Section 56(1) of the Planning and Compulsory Purchase Act 2004 (“the Act”) empowers the Secretary of State, or his inspector, (as the case may be) to correct an error in a decision letter that falls within the definition of “correctable error” as set out in section 59(1) of the Act. This refers to an error “which is contained in any part of the decision document which records the decision, but which is not part of the reasons given for the decision”.


He may do so on his own initiative, or at the request of any person, but in either case the process must be initiated during the period in which a High Court challenge may be brought, ie six weeks. Failing that, or a High Court challenge, the original decision notice must stand. Section 58(1) of the Act provides that the effect of issuing a correction notice is that the original decision is taken not to have been made, and is replaced for all purposes by the correction notice. 

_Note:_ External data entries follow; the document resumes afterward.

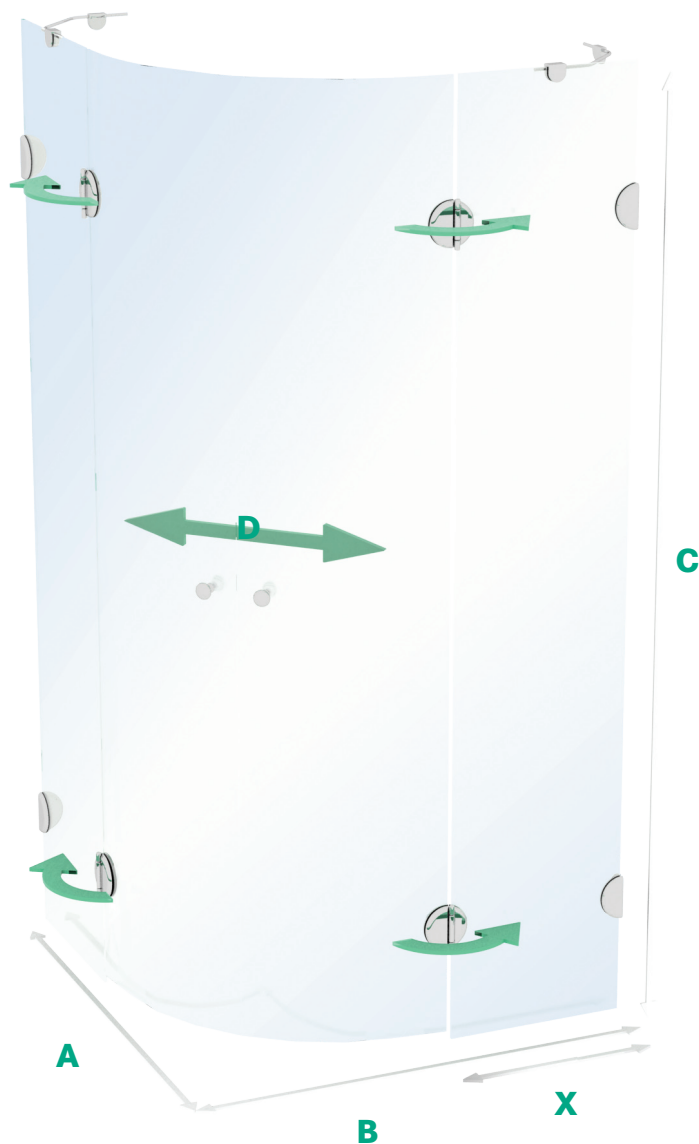

PSKKH 2/80 S

PSKKH 2/80 S R 50

PSKKH 2/80 S R 55

X 29 cm, A 80 cm, B 80 cm, C 187 cm, D šířka vstupu 68 cm
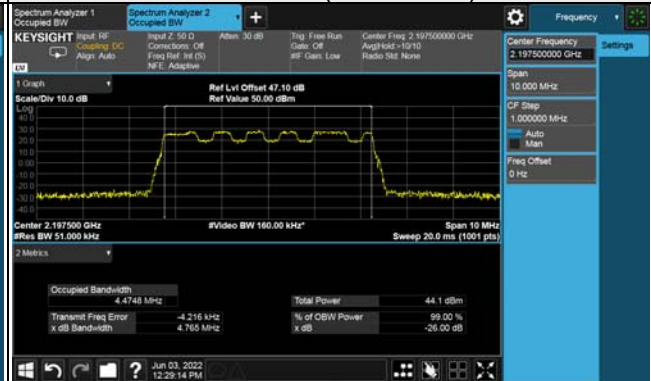

-26dBc Bandwidth

QPSK

Ch 422500 (2112.5MHz)

Ch 433500 (2167.5MHz)

Ch 425500 (2127.5MHz)

Ch 436500 (2182.5MHz)

Ch 428500 (2142.5MHz)

Ch 439500 (2197.5MHz)
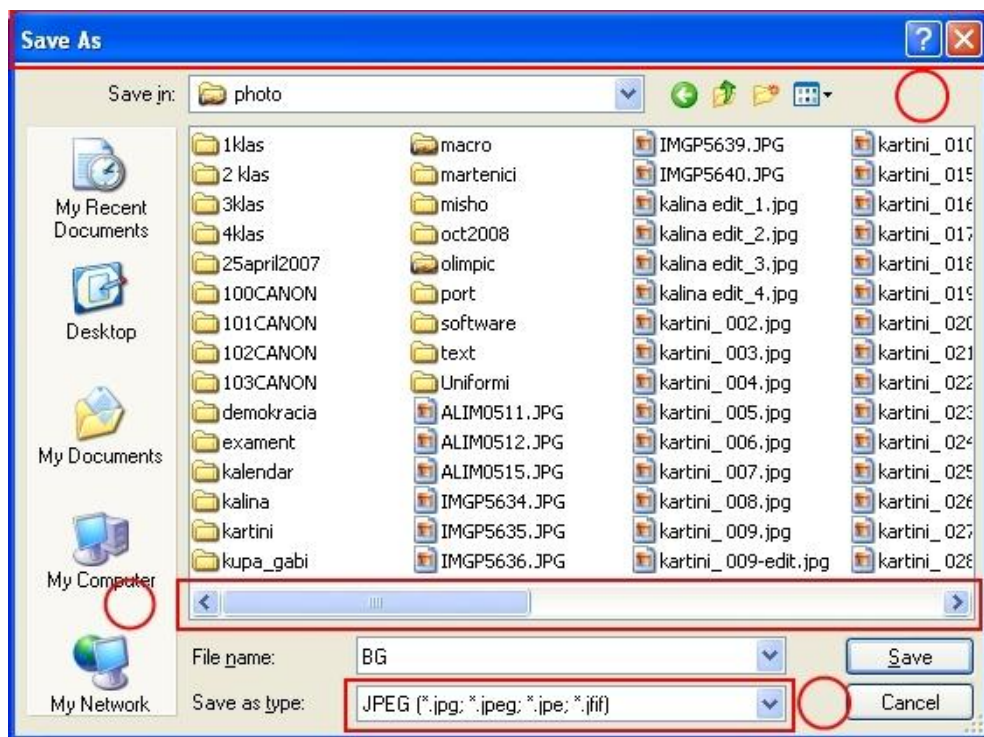

Име, фамилия: Номер в клас:..... Клас:.....

1. Попълнете пропуснатите думи в текста като използвате част от предложените думи под него:
Програмите и данните, с които работи компютърът, се съхраняват на Той е физическо устройство, което се намира в на компютъра. съхранява най-малко количество информация в сравнение с другите носители (1,44 MB) и се поставя във флоридисково устройство. За съхранението на цели филми, игри, музика, много програми и данни се използва Един от най-съвременните носители на данни е, която е с малки физически размери, но с голям капацитет

Думи за въвеждане: флаш памет, компютър, твърд диск, дискета, клавиатура, кутия, компактдиск

2. Входящо устройство в компютърната система е:

- Принтер
- Клавиатура
- Монитор
- Дискета

3. Разгледайте отворения диалогов прозорец.

В кръгчетата попълнете цифрите, които отговарят на елементите на прозореца, като използвате легендата.

Легенда:

1. Бутон
2. Заглавен ред
3. Ред за съобщения
4. Лента за превъртане
5. Падащ списък
6. Радиобутон
7. Поле за отметка
8. Текстово поле
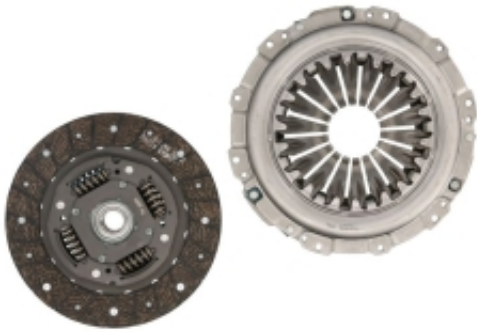

Link do produktu: <https://zerd.pl/nissan-micra-k12-15-d-03-sprzeglo-tarcza-docisk-luk-23354-bn700-p-20030.html>

NISSAN MICRA K12 1.5 D 03- SPRZĘGŁO TARCZA DOCISK LUK 23354-BN700

Cena	449,00 zł
Dostępność	Dostępny
Czas wysyłki	24 godziny
Number OE	23354-BN700
Numer oferty	020030
Producent	Luk
Producent	LUK

Opis produktu

przedmiot:

Sprzęgło kompletne

***zastosowanie:**

Micra K12 prod. od 2003 do 2010

uwagi:

Silniki diesla 1.5

Średnica tarczy - 215 mm

Ilość zębów - 26

Zestaw - docisk + tarcza

producent:

LUK

numery OE:

23354-BN700

23354BN700

23354-00QAE

(It has been suggested by commentators, however, that the statutory power is very much in the nature of a “slip rule”.)


In Westminster City Council v Secretary of State for Communities and Local Government [2013] EWHC 675 (Admin) an inspector had granted planning permission on appeal, subject to conditions. The local planning authority (“LPA”) took the view immediately that the form in which the inspector had framed those conditions in his decision letter rendered them unenforceable, in that the specified timetable for compliance with the requirements set out in the conditions did not, in fact, form part of the conditions. Well within six weeks of the date of the decision letter, it requested the Planning Inspectorate (“PINS”) to issue a correction notice. PINS refused to do so, contending that the timetable was effectively incorporated into the conditions, and that accordingly no error had been made.


The LPA had wisely commenced proceedings in the High Court within the six weeks period, and so the issue came before the court. The judge concluded that the LPA was wrong in its assertions, and that PINS was correct. Read as a whole, the conditions did clearly incorporate the timetable for compliance, and on that basis were entirely enforceable.